Deeply influenced by comics, anime, and video games, Masriadi employs exaggerated facial expressions and speech bubbles to describe social interaction, reminiscent of Roy Lichtenstein’s own iconic pop art. Comics carry an inherent interactivity and storytelling impulse within them, and King of Lies works to channel this aesthetic, even if the story presented here feels cryptic or abrupt. The bartender employs the slang “bro,” the familiarity of which contradicts the apparent hostility between the two men, highlighting the tension within the narrative. The bartender bears a furrowed brow suggesting he is nervously perplexed, in contrast to the customer’s own undisguised suspicion. Above all, the work demonstrates Masriadi’s discerning eye for behaviourisms and social dynamics, communicating a palpable sense of drama.

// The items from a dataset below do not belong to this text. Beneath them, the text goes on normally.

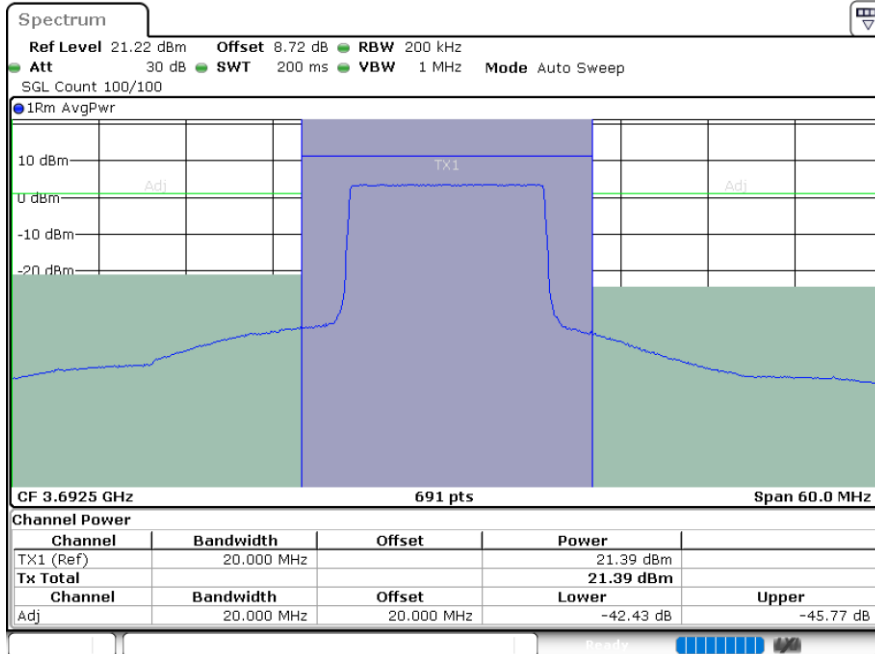

LTE Band 48 / 15MHz

64QAM

Highest Channel / 1RB0

Highest Channel / 1RBmax

Date: 4.APR.2024 19:35:00

Date: 4.APR.2024 19:38:00

Highest Channel / Full RB

Date: 4.APR.2024 19:41:03
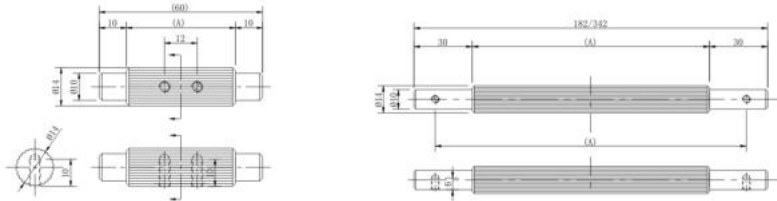

## 31 LINEA 2

**Material:**

Solid Aluminium

**Projection:**

35mm

**Dia:**

10mm

**Available Sizes (MM)**

**Size :** 60 | 182 | 342

**CC :** | 160 | 320

**Available Finishes:**

**Bsg** | Brush Sherry Gold

**Mbl** | Matt Black

**Ssl** | Stainless Steel Look

**Sbs** | Brushed Satin Brass

## 31 LINEA 2

**Material:** Solid Aluminium

Finish	Brush Sherry Gold	Matt Black	Stainless Steel Look	Brushed Satin Brass
Size in mm (A)	Item Code			
60	3160BSG	3160MBL	3160SSL	3160SBS
160	31182BSG	31182MBL	31182SSL	31182SBS
320	31342BSG	31342MBL	31342SSL	31342SBS

## PLT31 LINEA 2 ON PLATE

**Material:** Solid Aluminium

Finish	Brush Sherry Gold	Matt Black	Stainless Steel Look
Size in mm (A)	Item Code		
60	PLT3160BSG	PLT3160MBL	PLT3160SSL
160	PLT31198BSG	PLT31198MBL	PLT31198SSL
320	PLT31358BSG	PLT31358MBL	PLT31358SSL

The work itself is rendered in muted purple tones, allowing these pitch black figures to come to the fore. The pair’s strikingly black, polished skin and muscular frames are characteristic of Masriadi’s aesthetic, amplifying the severity of their expressions – for the artist, the colour black is emblematic of ‘gravity, momentousness and even perilousness’. Similarly, the bartender’s gleaming skin guides the viewer's attention to the exaggerated muscularity of his arm. Masriadi’s trademark bodies are concave, smooth and imposing, inspired by the visual culture of comic books and video games. However, the characters in King of Lies now seem a parody of masculinity. The two figures are distorted to the point of caricature - the surreal proportion of their enlarged heads contradicts their stocky, cartoonish lower bodies, making their forms uncannily disconcerting. Their big heads serve as visual cues, as Masriadi implicitly questions the egos of these hyper-masculinised figures.

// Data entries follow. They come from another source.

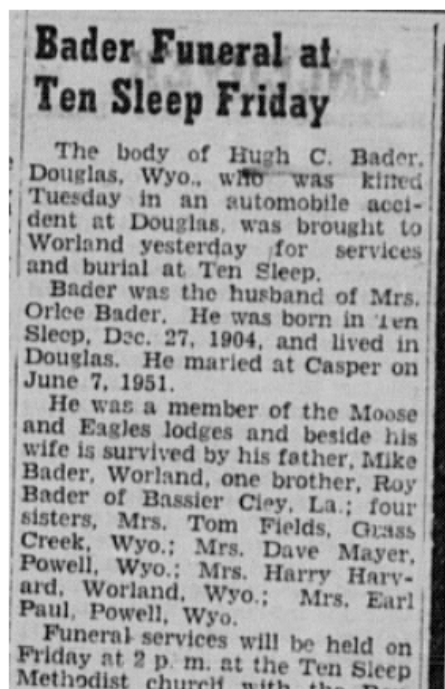

Hugh Bader 1904 – 1951

Individual Summary: **Hugh Bader**

Sex: Male

Father: Mina "Mike" Bader

Mother: Mary Jeanette Conner

Individual Facts:

Birth: 27 Dec 1904 in Ten Sleep, Washakie, Wyoming

Death: 26 Jun 1951 in Douglas, Converse, Wyoming
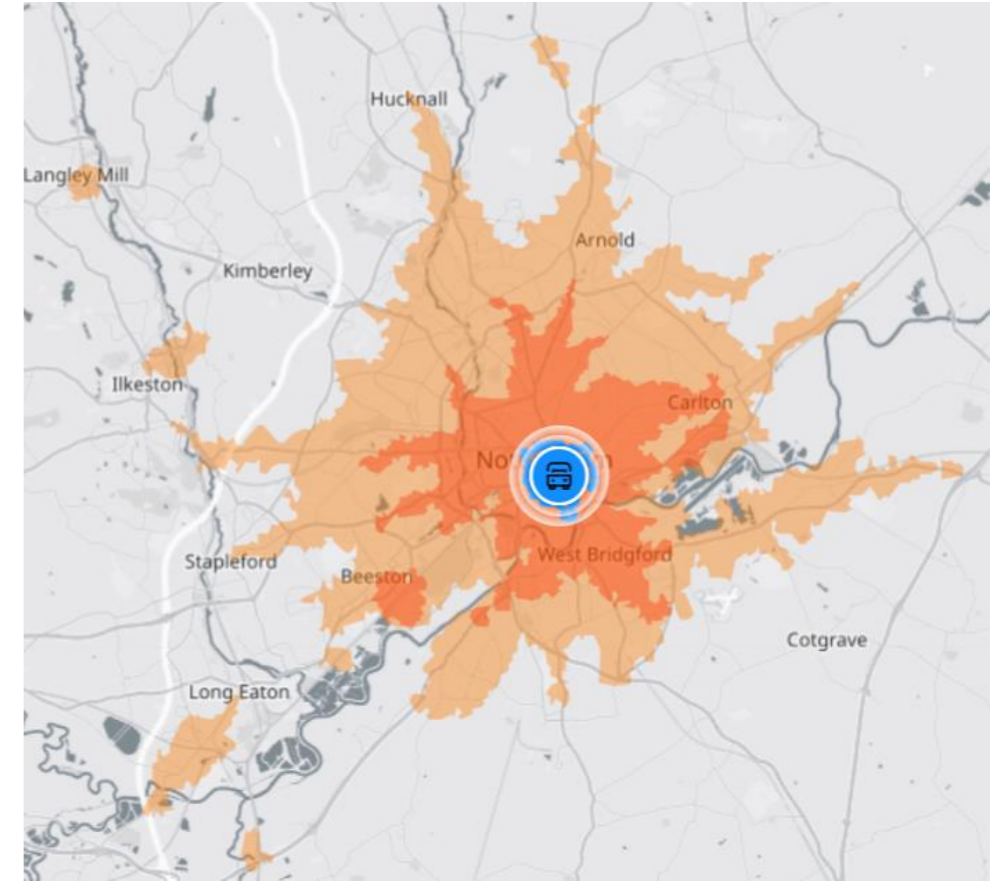

**Car Travel Time from Vision West Notts**

Blue = 15 mins  
Red = 30 mins  
Orange = 45 mins

**Public Transport Travel Time from Vision West Notts**

Blue = 15 mins  
Red = 30 mins  
Orange = 45 mins

**Car Travel Time from Nottingham College (City Hub)**

Blue = 15 mins  
Red = 30 mins  
Orange = 45 mins

**Public Transport Travel Time from Nottingham College (City Hub)**

Blue = 15 mins  
Red = 30 mins  
Orange = 45 mins

His mastery of portraying male physicality through an instantly recognisable style is evident within this lot. Although the obviously stylised figures may initially appear comedic through their intense facial expressions and proportions, each contour of their faces is made magnified, while the detailing of veins and scars across their skin make them seem increasingly sinister as one moves closer to the canvas. Masriadi’s depictions of the male, blackened body extend to the excessive and the grotesque, deriving both from an obsession with the aesthetics of the muscular, sturdy body as a force of nature, and the potential for human power and strength.
Measuring two metres in height and width, this piece is expansive and grand in size, mimicking the larger-than-life tendencies so present in his work. Even so, the two figures occupy almost the entire visual plane, stretching from the bottom to the top of the canvas. They stand in the immediate foreground, painted close to the canvas’s ‘surface’ to maximize the image’s power and impact, meeting and seizing a viewer into the work. However, due to the hyperbolic scale of their bodies, they now appear hemmed in and enclosed by the rigid frame. As a result, the scene seems claustrophobic, as the men stand a hands-breadth apart, their distrust filling the spaces around them. Bodies and their expressions wholly define space in Masriadi’s pictures, rather than the other way round.
This piece is a unique and exceptional Masriadi work that combines the aesthetics of painting with the drama of comic art. King of Lies employs his unique ability to construct both witty and disquieting confrontational narratives in visual form. In the end, the painting is richly infused with an ambiguity of tone, the dark comic humour of everyday interactions merging with the glimpses of power beneath.
1 TK Sabapathy, Nyoman Masriadi: Reconfiguring the Body, Gajah Gallery, 2010, p.92.